HDDレコーダーに保存したデータにアクセスできない原因は、大きく分けると「論理障害」と「物理障害」の2パターンがあります。それぞれどのような障害なのか、特徴を見ていきましょう。

1-1.論理障害

まず「論理障害」とは、HDD内部のデータに何らかの不具合が発生している状態のことです。データそのものが破損している、制御するためのプログラムが正常に動いていない、必要なファイルやデータがない、といったケースがあげられます。「必要なファイルをうっかり削除してしまった」など、人為的なミスから起こることも少なくありません。この場合はハードディスクそのものが破損しているわけではないため、データ復元ソフトなどを使えばデータを復旧できる可能性が高く、障害の度合いはそれほど深刻ではないといえるでしょう。

1-2.物理障害

次に「物理障害」とは、ハードディスクが物理的に壊れた状態のことを指します。外部からの衝撃でパーツが破損したり、経年劣化で壊れたりと原因はさまざまです。物理障害が発生すると、多くの場合は異音や異臭がしたり、本体が異常に熱くなったりといった症状が出ます。このような状態で放置して使い続ければ破損がひどくなるだけですので、すぐに電源コードを抜いて使用を中止しましょう。最悪の場合は発熱・発火して火事の原因ともなり得ます。物理障害が起こると、破損したパーツを交換するなどの修理が必要なため、個人で対応するのは難しいでしょう。

2.HDDレコーダーから救出できるデータの種類

故障したHDDレコーダーからデータを抜き出したいと考える人は少なくないでしょう。しかし、データには救出できるデータとできないデータとがあります。どんなデータなら救出できるのかを個別に詳しく見ていきます。

2-1.ビデオカメラなどからのデータは救出可能

壊れたHDDレコーダーから救出できるのは「家庭用ビデオカメラなどで撮影した、著作権法的に問題のないデータ」です。たとえば、個人で撮影した子どもの運動会の映像やペットの映像などのことです。レコーダーに内蔵されているハードディスクは、取り出してパソコンに接続したとしてもそのままではデータを取り出すことができません。しかし、ハードディスクそのものやファイル形式が特殊なものというわけではなく、データとして残っているのであれば救出できる可能性はあります。個人的に撮影したものは、著作権保護のための特別な処理がされていないため、適切な方法で復旧させれば手元に残すことが可能です。

2-2.テレビ番組や放送のデータは不可

救出できないのは、著作権が絡んでくる「テレビの放送を録画したデータ」などです。データ復旧業者に依頼しても、テレビの録画は復旧してもらえません。著作権法に抵触する行為だからです。地上デジタル放送やCS放送などのデータは、著作権保護・コピー制御のために暗号化されています。
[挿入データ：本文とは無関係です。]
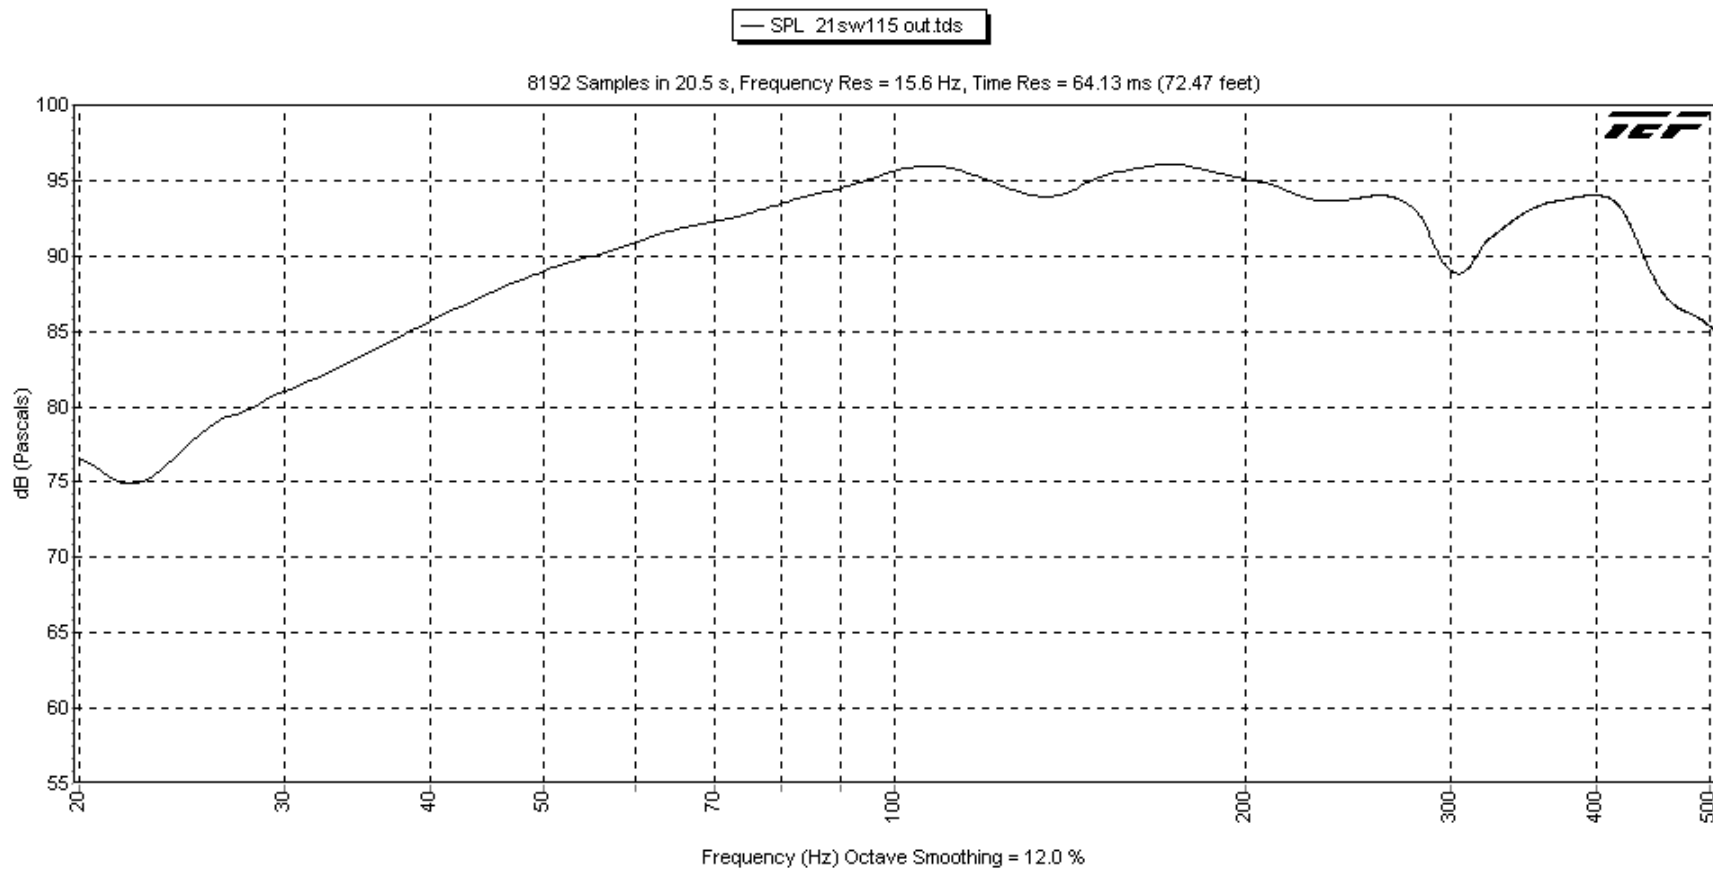

S21AN

B&C Component Options
21SW115 8 ohm

www.bcspeakers.com

S21AN

Material 18mm Birch Plywood

SPL 21sw115 out
12/9/09 2:40:22 AM out
2v

Z--- 21sw115 out
out 12/9/09 3:06:10 AM
2v
Cursor = 6.9 dB at 25.8 Hz (degs)

データを抜き出せたとしても再生できる状態で元の機器に戻すことはできず、加工して再生できるようにすることも法律に触れる行為となります。

3.個人での修理やデータ救出はハードルが高い

メーカーによって仕様が異なるHDDレコーダーからデータを救出するのは、場合によってはパソコンからのデータ救出よりもハードルが高く、かなり困難です。データ救出を個人で行うときにどういった点がネックになるのかを説明していきます。

3-1.内蔵ハードディスクの取り出しが必要

HDDレコーダーに保存されているデータを救出するには、内蔵されているハードディスクを取り出さなくてはいけません。一般的に、市販されているHDDレコーダーはハードディスクを取り出すことを想定していない構造のため、まずは本体を分解する必要があります。しかし、一度本体を分解してしまうと、保証期間中であってもメーカーの保証対象外になるというリスクがあります。確実にデータを救出できるとも限らず、最悪の場合はデータも機器本体も失うデメリットがあることを覚悟しておかなくてはならないでしょう。
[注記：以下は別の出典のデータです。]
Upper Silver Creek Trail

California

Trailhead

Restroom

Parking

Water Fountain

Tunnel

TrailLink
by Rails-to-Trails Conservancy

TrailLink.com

分解する場合は、工具を使って静電気に注意しながら作業をします。電源を切り、ケーブル類やコンセントも抜いておきましょう。HDDレコーダー本体の構造やネジの位置などはメーカーや型番によって異なりますので、インターネットで情報を集めたり現物を観察したりするしかありません。機種によってはネジの位置がわかりづらい、カバーが外しにくいといったものもあります。分解するだけでも相応の知識と技術が求められるでしょう。
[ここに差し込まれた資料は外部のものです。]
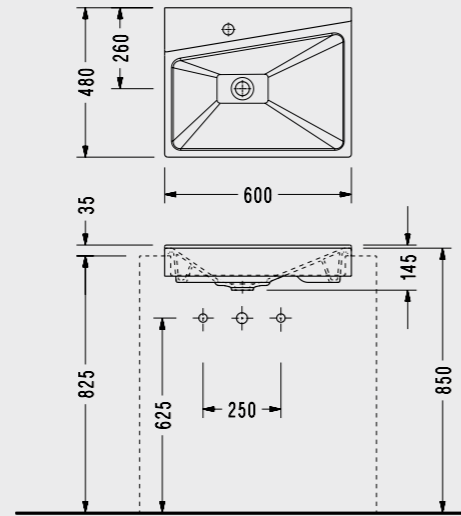

SEREL 4Life Semi Countertop Washbasin (60 cm.)

FL44

3-2.ハードディスクのフォーマット形式が異なる場合が多い

本体を分解してハードディスクを取り出したら、SATA-USB変換アダプタなどを使ってパソコンに接続させます。この時点で、パソコンや変換アダプタが手元にない場合はその用意から始めなくてはいけません。また、接続できたとしてもHDDレコーダーとパソコンではハードディスクのフォーマット形式が異なり、そのままデータを読み込むことは不可能です。HDDレコーダーのフォーマット形式を確認し、対応しているデータ復旧ソフトを用意する必要があります。また、ハードディスクが物理的に壊れている場合は、そもそもパソコンにつないでも認識しないということも考えられるでしょう。

3-3.復旧ソフトを使っても救出できるとは限らない

内蔵ハードディスクを取り出してパソコンに接続できたとしても、データ救出が成功するとは限りません。HDDレコーダー側の仕様やソフトの仕様から読み込みができないことは多く、ソフトウェア選びを間違うとここでストップしてしまいます。また、適切なソフトウェアを介して読み込みができたとしても、パソコンで使っているハードディスクとはデータの仕様が異なるため、完全に復元できる可能性は低くなりがちです。エラーメッセージが出て再生できない、再生できたとしても映像が欠けている、一部しか取り出せないなど、残念な結果に終わることもあります。

3-4.単純なHDDの換装も難点が多い

データの救出ができないのであれば、せめて故障したハードディスクを新しいものに交換してレコーダーを使えるようにしたいと考える人もいるでしょう。しかし、これを個人で行うのは簡単ではありません。まず、自力でのパーツ交換はメーカーの保証対象外になることや、自己責任で分解を行わなくてはならないのは先にも述べた通りです。延長保証などを含め保証期間内のHDDレコーダーを持っているのであれば、メーカーや店舗に修理を依頼したほうがいいでしょう。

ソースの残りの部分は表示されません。